这段代码是一个配置文件，用于设置和调整 GraphARG 框架的行为。GraphARG 是一个基于图结构的推理框架，通常用于处理图数据和自然语言数据的联合任务。以下是对配置文件的详细解释：

1. LLM 设置 (LLM Settings)

这部分配置与 大语言模型 (LLM) 相关，用于定义如何调用和处理 LLM 的 API。

encoding_model: cl100k_base
指定编码模型，需要与使用的 LLM 模型匹配。cl100k_base 是 OpenAI 模型常用的编码器。
llm
配置 LLM 的 API 调用参数：
- api_key: LLM 的 API 密钥，通常存储在 .env 文件中。
- type: LLM 的类型，例如 openai_chat 或 azure_openai_chat。
- model: 使用的 LLM 模型名称，例如 deepseek-chat。
- model_supports_json: 是否支持 JSON 格式的输入输出。
- api_base: LLM API 的基础 URL。
- api_version: API 的版本号。
- deployment_name: 部署名称（适用于 Azure OpenAI）。
parallelization
配置并行化参数：
- stagger: 调用 API 时的延迟时间（秒），用于避免速率限制。
- num_threads: 并行线程数（未启用）。
async_mode
指定异步模式，可以是 threaded（多线程）或 asyncio（异步 I/O）。
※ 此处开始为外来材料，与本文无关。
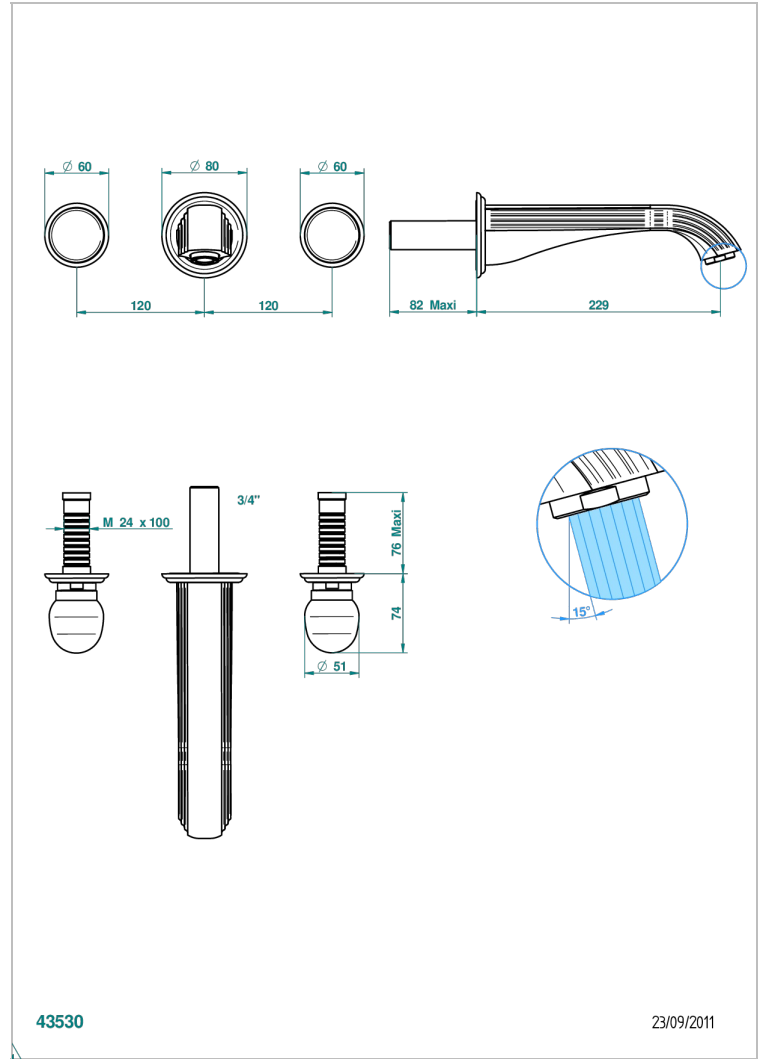

SUN DRAGON

U5D-40SGB

Garniture pour mélangeur de lavabo mural, bec super goliath

THG[®]
PARIS

CARACTÉRISTIQUES

- Ensemble composé d'un bec mural de lavabo et des 2 garnitures de robinets
- Nécessite partie encastrée Réf. 40AC
- Laiton sans plomb
- Aérateur-mousseur
- Livré sans vidage
- Bec grand modèle

SPÉCIFICATIONS TECHNIQUES

- Recommandé : 3 bars (max. 5 bars) - Advised : 43,5 psi (max. 72 psi)
- 15 l/min à 3 bars (4 gpm at 43.5 psi)

PRODUITS ASSOCIÉS

- Ref. G00-40AC Partie à encastrer pour mélangeur mural - version croisillons
- Ref. G00-40AM Partie à encastrer pour mélangeur mural - version manettes

FINITIONS DISPONIBLES

Bronze clair - D01
Chromé - A02
Chromé / doré - G02
Chromé mat - C02
Doré brillant - F01
Doré mat - F07

Nickel brillant - B01
Nickel mat - C01
Noir mat céramique - D30
Or pâle - F30
Or pâle mat - F31
Pvd blush - H62

2. 嵌入模型设置 (Embeddings Settings)

这部分配置与 嵌入模型 相关，用于生成文本或节点的向量表示。

async_mode
指定嵌入模型的异步模式。
vector_store
配置向量存储：
- type: 向量存储类型，例如 lancedb。
- db_uri: 数据库的 URI。
- container_name: 容器名称。
- overwrite: 是否覆盖现有数据。
llm
配置嵌入模型的 API 调用参数：
- api_key: 嵌入模型的 API 密钥。
- type: 嵌入模型类型，例如 openai_embedding 或 azure_openai_embedding。
- model: 嵌入模型名称，例如 embedding-2。
- api_base: 嵌入模型 API 的基础 URL。

3. 输入设置 (Input Settings)

这部分配置与输入数据的处理相关。

input
配置输入数据的来源和格式：
- type: 输入类型，例如 file（文件）或 blob（Blob 存储）。
- file_type: 文件类型，例如 text（文本）或 csv。
- base_dir: 输入文件的根目录。
- file_encoding: 文件编码格式，例如 utf-8。
- file_pattern: 文件名的正则表达式模式，用于匹配文件。
chunks
配置文本分块参数：
- size: 每个块的大小（字符数）。
- overlap: 块之间的重叠字符数。
- group_by_columns: 按列分组（适用于结构化数据）。

4. 存储设置 (Storage Settings)

这部分配置与缓存、报告和存储相关。

cache
配置缓存存储：
- type: 缓存类型，例如 file（文件）或 blob（Blob 存储）。
- base_dir: 缓存文件的根目录。
reporting
配置报告输出：
- type: 报告类型，例如 file（文件）或 console（控制台）。
- base_dir: 报告文件的根目录。
storage
配置存储：
- type: 存储类型，例如 file（文件）或 blob（Blob 存储）。
- base_dir: 存储文件的根目录。
update_index_storage
配置索引更新存储（通常不需要手动启用）。

5. 工作流设置 (Workflow Settings)

这部分配置与框架的工作流相关。

skip_workflows
指定要跳过的工作流。
entity_extraction
配置实体抽取任务：
- prompt: 实体抽取的提示模板文件路径。
- entity_types: 要抽取的实体类型，例如 organization、person 等。
- max_gleanings: 最大抽取数量。
summarize_descriptions
配置文本摘要任务：
- prompt: 摘要生成的提示模板文件路径。
- max_length: 摘要的最大长度。
claim_extraction
配置声明抽取任务（默认禁用）：
- prompt: 声明抽取的提示模板文件路径。
- description: 任务的描述。
- max_gleanings: 最大抽取数量。
community_reports
配置社区报告生成任务：
- prompt: 报告生成的提示模板文件路径。
- max_length: 报告的最大长度。
- max_input_length: 输入的最大长度。
cluster_graph
配置图聚类任务：
- max_cluster_size: 最大聚类大小。
embed_graph
配置图嵌入任务（默认禁用）。
umap
配置 UMAP 降维任务（默认禁用）。
snapshots
配置快照输出：
- graphml: 是否生成 GraphML 格式的快照。
- embeddings: 是否生成嵌入快照。
- transient: 是否生成临时快照。

6. 查询设置 (Query Settings)

这部分配置与查询任务相关。

local_search
配置本地搜索任务：
- prompt: 本地搜索的提示模板文件路径。
global_search
配置全局搜索任务：
- map_prompt: 全局搜索的 Map 阶段提示模板。
- reduce_prompt: 全局搜索的 Reduce 阶段提示模板。
- knowledge_prompt: 全局搜索的知识提示模板。
drift_search
配置漂移搜索任务：
- prompt: 漂移搜索的提示模板文件路径。
- reduce_prompt: 漂移搜索的 Reduce 阶段提示模板。
basic_search
配置基础搜索任务：
- prompt: 基础搜索的提示模板文件路径。